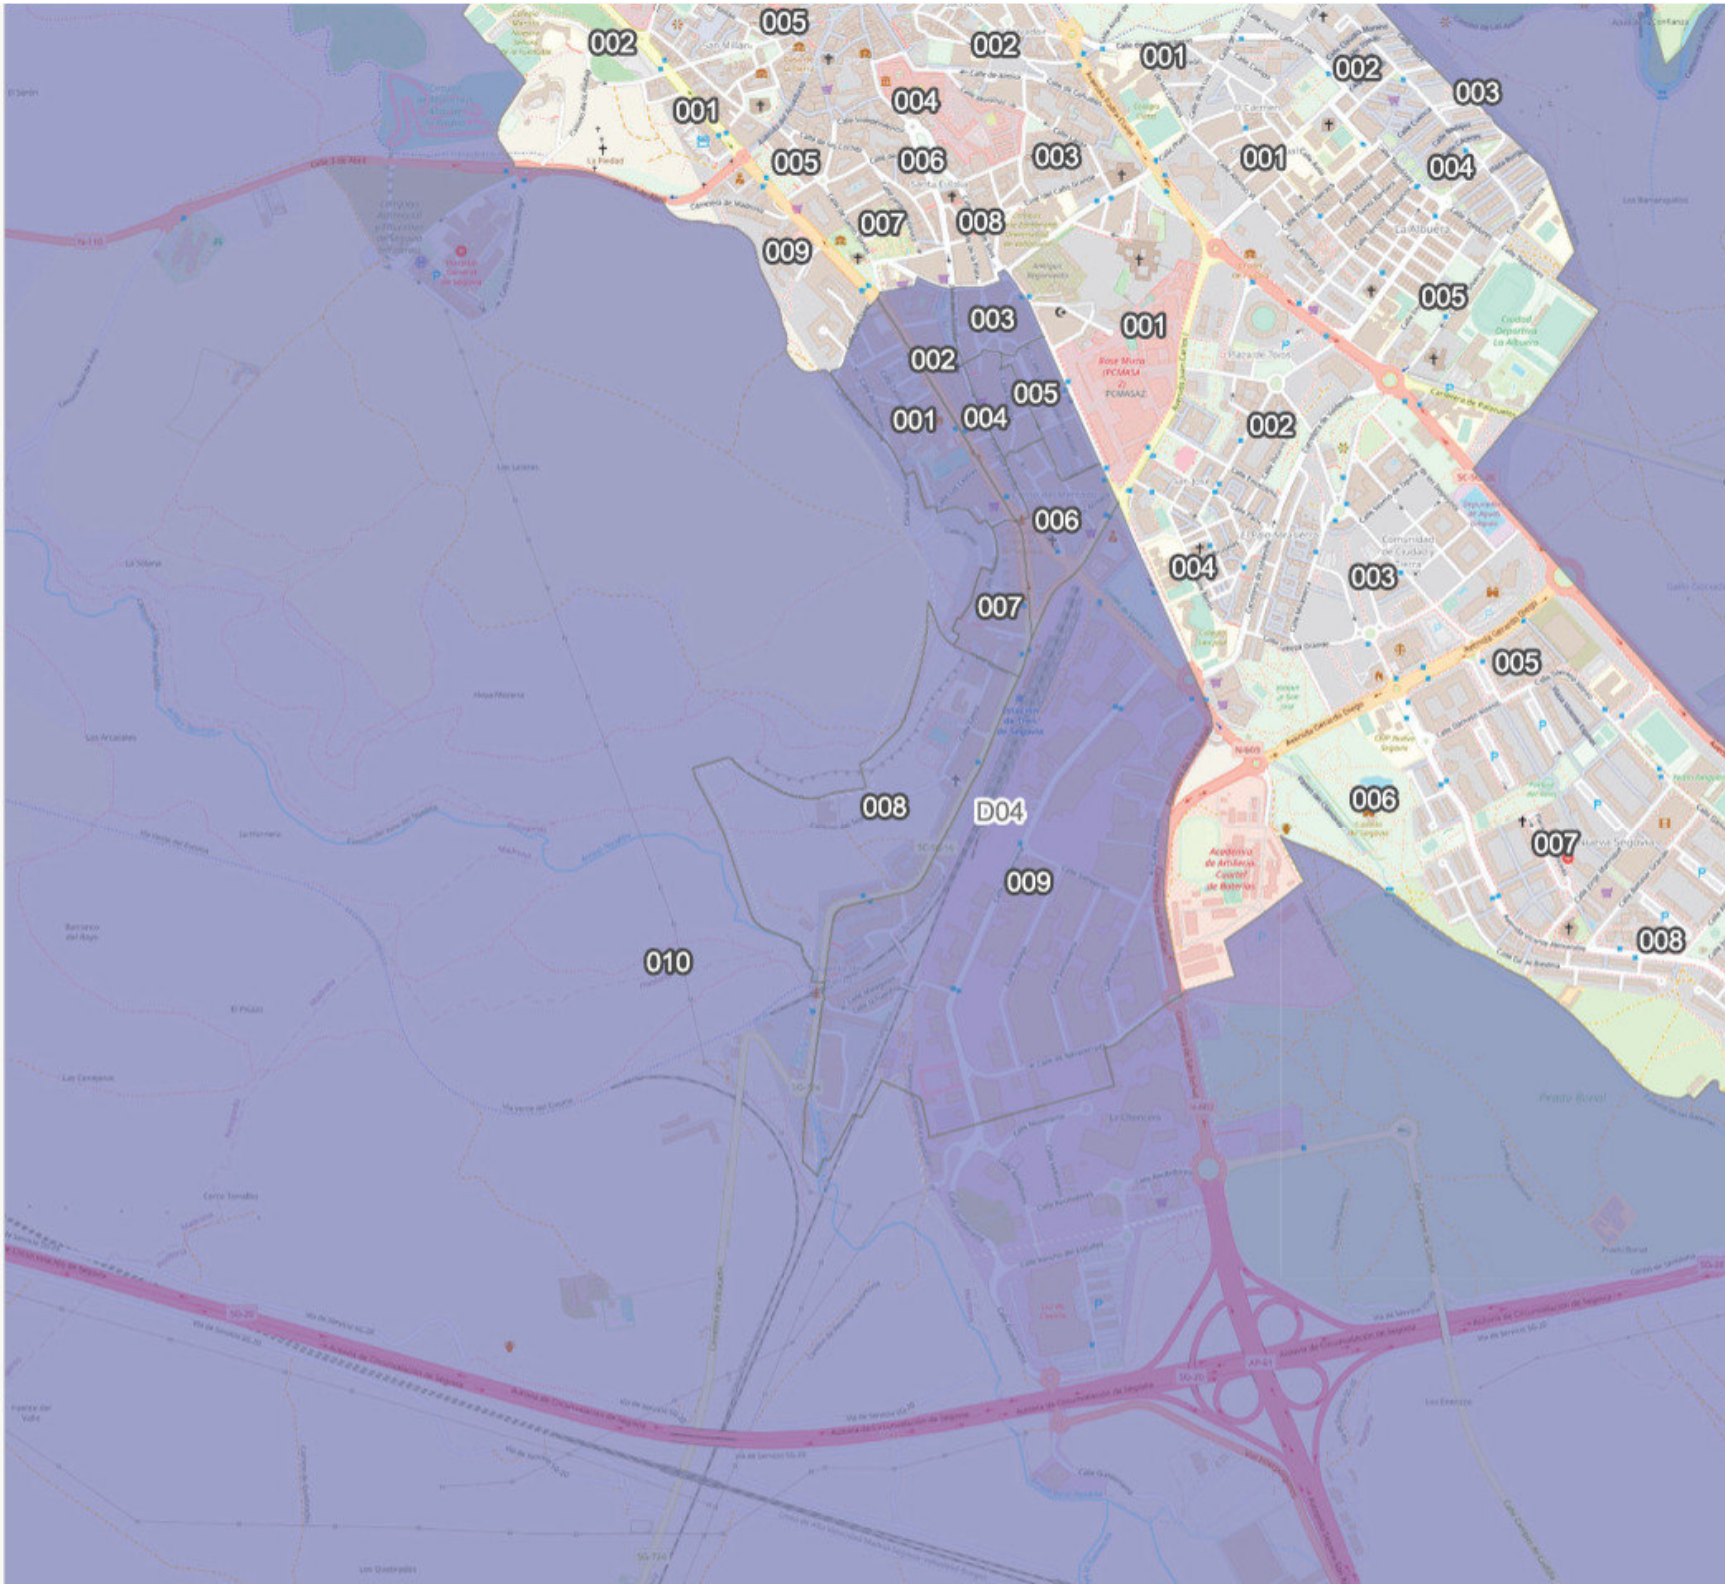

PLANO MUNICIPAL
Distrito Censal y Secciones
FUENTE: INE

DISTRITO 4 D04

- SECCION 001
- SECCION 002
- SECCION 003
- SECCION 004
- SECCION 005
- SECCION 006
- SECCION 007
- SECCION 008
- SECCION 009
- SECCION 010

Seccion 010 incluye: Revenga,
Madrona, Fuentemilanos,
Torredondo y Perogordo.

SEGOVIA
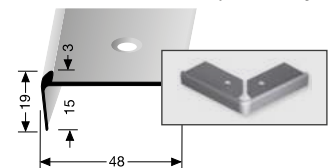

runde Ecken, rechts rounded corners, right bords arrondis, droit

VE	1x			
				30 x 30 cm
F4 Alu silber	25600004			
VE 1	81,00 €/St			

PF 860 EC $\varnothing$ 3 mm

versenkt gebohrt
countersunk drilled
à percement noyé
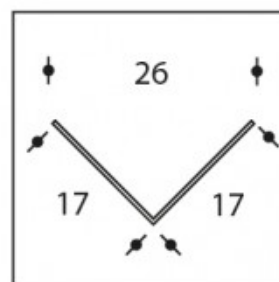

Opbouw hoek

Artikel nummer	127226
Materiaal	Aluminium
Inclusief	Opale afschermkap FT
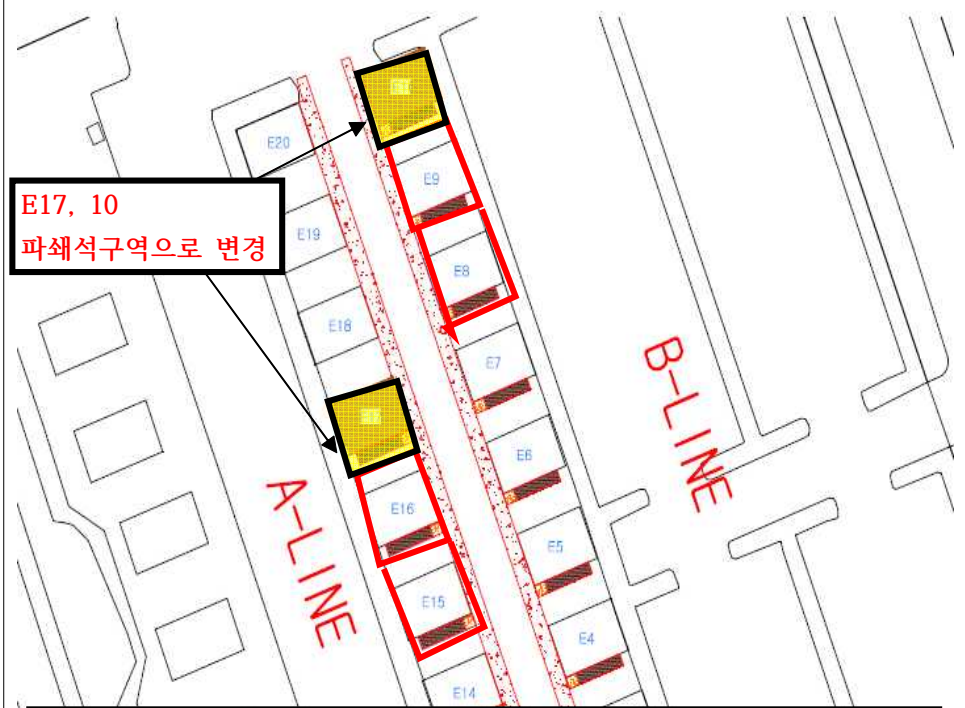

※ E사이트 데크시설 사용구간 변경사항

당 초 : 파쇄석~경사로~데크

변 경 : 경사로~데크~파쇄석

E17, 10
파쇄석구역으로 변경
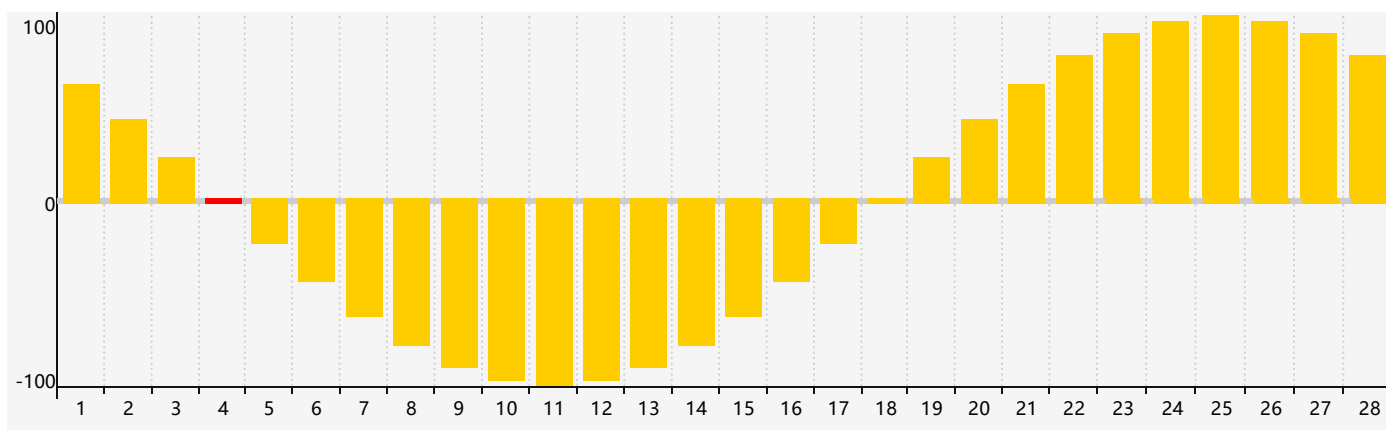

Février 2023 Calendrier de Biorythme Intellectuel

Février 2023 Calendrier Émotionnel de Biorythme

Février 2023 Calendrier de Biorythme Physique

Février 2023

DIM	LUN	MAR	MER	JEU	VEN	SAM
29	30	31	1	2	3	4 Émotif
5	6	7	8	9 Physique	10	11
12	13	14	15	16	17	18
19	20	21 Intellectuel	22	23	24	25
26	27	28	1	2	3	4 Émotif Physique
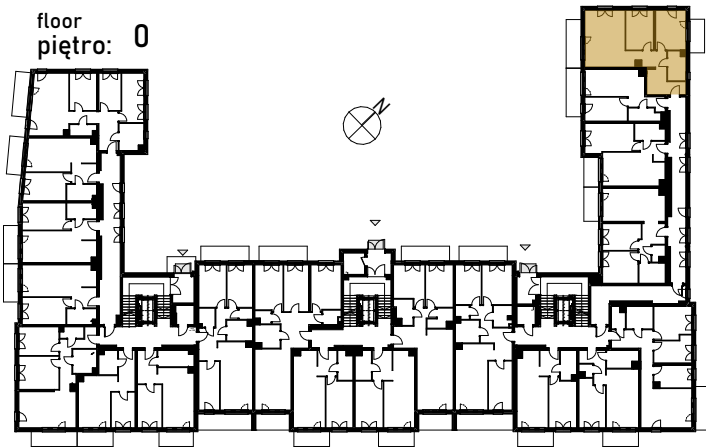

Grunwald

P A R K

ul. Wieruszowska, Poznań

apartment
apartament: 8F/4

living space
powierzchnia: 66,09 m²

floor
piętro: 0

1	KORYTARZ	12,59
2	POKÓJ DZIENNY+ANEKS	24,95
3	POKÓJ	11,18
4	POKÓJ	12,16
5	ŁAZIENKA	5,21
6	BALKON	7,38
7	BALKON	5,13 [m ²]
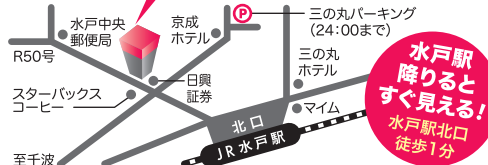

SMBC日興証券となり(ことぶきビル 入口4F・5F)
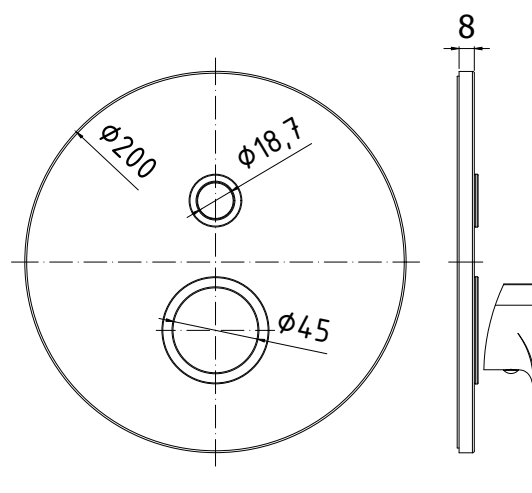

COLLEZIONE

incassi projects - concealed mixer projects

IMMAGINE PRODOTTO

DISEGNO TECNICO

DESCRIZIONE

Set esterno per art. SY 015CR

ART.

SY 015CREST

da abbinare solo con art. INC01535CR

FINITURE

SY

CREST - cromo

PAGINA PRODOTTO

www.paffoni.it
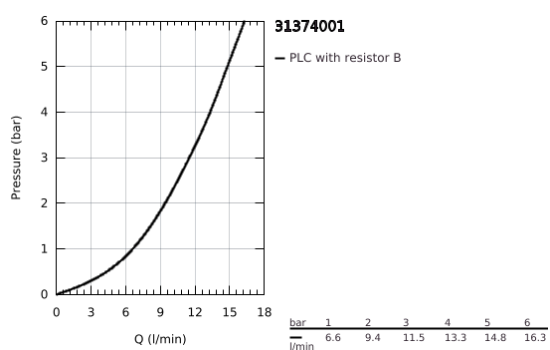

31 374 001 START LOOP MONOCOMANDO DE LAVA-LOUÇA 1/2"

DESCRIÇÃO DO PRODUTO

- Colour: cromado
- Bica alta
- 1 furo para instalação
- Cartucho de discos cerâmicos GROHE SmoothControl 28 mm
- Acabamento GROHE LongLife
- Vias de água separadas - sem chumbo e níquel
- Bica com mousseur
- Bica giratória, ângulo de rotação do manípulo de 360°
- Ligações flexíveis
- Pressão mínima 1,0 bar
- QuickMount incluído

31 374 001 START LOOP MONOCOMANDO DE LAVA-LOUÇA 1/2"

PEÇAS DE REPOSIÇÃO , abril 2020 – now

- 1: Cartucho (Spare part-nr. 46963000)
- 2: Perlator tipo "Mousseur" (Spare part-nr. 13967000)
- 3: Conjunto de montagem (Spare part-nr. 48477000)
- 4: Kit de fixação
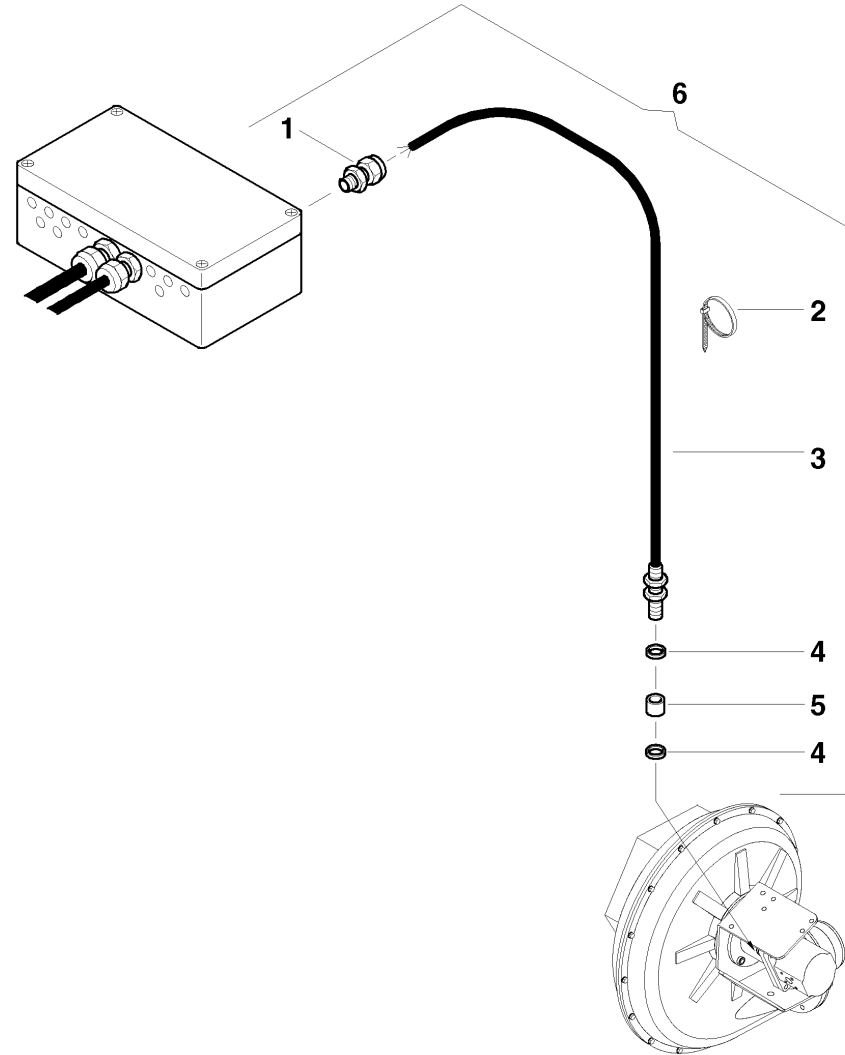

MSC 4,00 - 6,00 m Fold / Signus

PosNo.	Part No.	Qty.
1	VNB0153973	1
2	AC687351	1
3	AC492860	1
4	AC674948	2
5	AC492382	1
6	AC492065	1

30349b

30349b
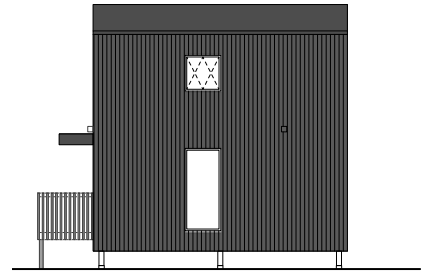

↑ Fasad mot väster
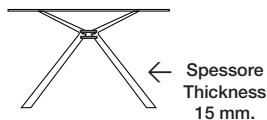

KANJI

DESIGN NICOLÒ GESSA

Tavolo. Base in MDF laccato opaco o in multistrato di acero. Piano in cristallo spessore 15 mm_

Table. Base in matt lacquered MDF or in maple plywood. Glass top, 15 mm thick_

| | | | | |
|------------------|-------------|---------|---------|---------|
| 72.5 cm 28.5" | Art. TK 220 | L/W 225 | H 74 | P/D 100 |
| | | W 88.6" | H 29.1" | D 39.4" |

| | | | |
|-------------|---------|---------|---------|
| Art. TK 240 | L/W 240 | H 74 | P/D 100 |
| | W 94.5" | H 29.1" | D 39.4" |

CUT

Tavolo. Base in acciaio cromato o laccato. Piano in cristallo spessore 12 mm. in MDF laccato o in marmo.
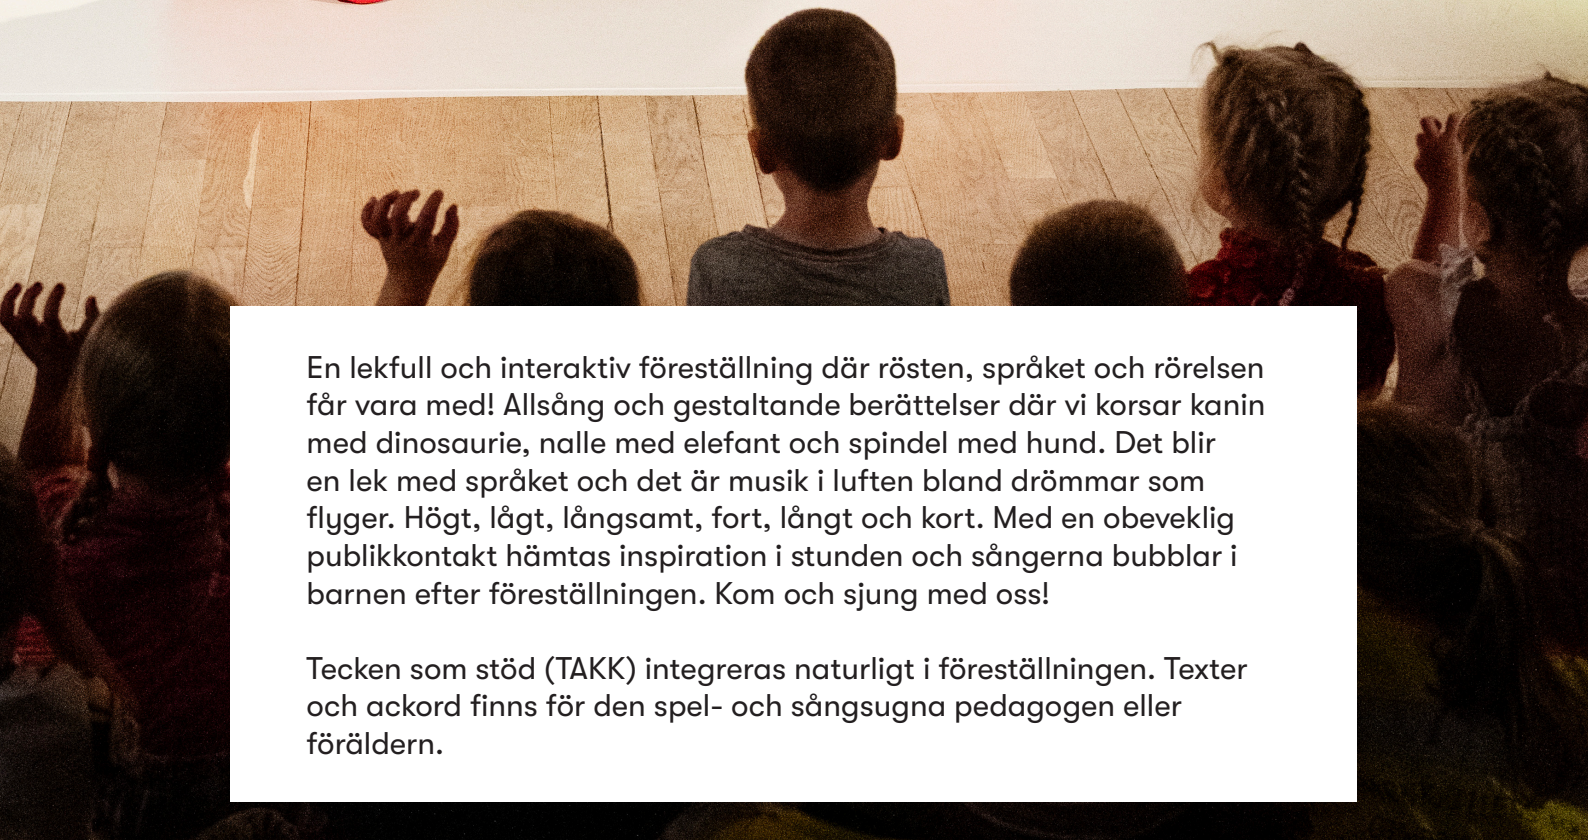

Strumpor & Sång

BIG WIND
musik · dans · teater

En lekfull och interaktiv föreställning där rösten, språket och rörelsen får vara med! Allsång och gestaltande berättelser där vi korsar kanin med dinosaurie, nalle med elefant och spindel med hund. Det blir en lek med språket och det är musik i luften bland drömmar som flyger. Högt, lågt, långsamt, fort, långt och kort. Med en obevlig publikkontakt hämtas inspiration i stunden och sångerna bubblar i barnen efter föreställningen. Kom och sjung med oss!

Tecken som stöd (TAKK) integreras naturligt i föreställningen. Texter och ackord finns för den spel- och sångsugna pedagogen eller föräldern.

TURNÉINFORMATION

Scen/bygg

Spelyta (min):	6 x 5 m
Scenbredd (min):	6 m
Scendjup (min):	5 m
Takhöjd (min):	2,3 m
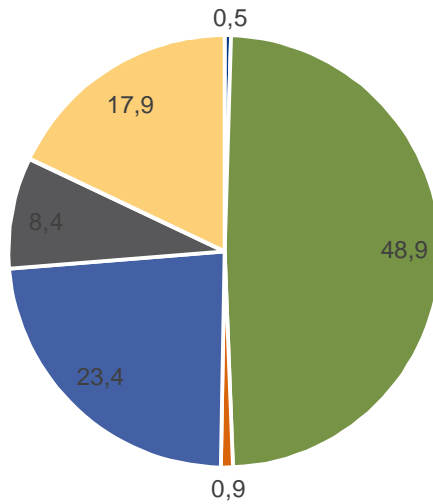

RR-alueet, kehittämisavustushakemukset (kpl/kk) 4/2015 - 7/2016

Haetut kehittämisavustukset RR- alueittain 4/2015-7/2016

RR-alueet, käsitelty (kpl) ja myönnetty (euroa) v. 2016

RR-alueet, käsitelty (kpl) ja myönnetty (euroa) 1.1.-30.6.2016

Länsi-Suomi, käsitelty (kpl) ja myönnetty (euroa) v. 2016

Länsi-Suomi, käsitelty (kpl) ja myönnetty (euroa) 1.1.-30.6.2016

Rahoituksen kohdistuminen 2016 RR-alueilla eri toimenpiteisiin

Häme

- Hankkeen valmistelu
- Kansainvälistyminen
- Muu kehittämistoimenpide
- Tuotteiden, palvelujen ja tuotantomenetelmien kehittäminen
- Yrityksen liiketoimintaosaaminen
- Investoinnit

-=-=-=-=-

WHAT IS EXPECTED -> Please reproduce the listing exactly from its opening line through the line that contains "Février 2023 Calendrier de Biorythme Physique", both included, with all pictures omitted.

EXPECTED ANSWER ->
PLANO MUNICIPAL
Distrito Censal y Secciones
FUENTE: INE

DISTRITO 4 D04

- SECCION 001
- SECCION 002
- SECCION 003
- SECCION 004
- SECCION 005
- SECCION 006
- SECCION 007
- SECCION 008
- SECCION 009
- SECCION 010

Seccion 010 incluye: Revenga,
Madrona, Fuentemilanos,
Torredondo y Perogordo.

SEGOVIA

runde Ecken, rechts rounded corners, right bords arrondis, droit

VE	1x			
				30 x 30 cm
F4 Alu silber	25600004			
VE 1	81,00 €/St			

PF 860 EC $\varnothing$ 3 mm

versenkt gebohrt
countersunk drilled
à percement noyé

Opbouw hoek

Artikel nummer	127226
Materiaal	Aluminium
Inclusief	Opale afschermkap FT

※ E사이트 데크시설 사용구간 변경사항

당 초 : 파쇄석~경사로~데크

변 경 : 경사로~데크~파쇄석

E17, 10
파쇄석구역으로 변경

Février 2023 Calendrier de Biorythme Intellectuel

Février 2023 Calendrier Émotionnel de Biorythme

Février 2023 Calendrier de Biorythme Physique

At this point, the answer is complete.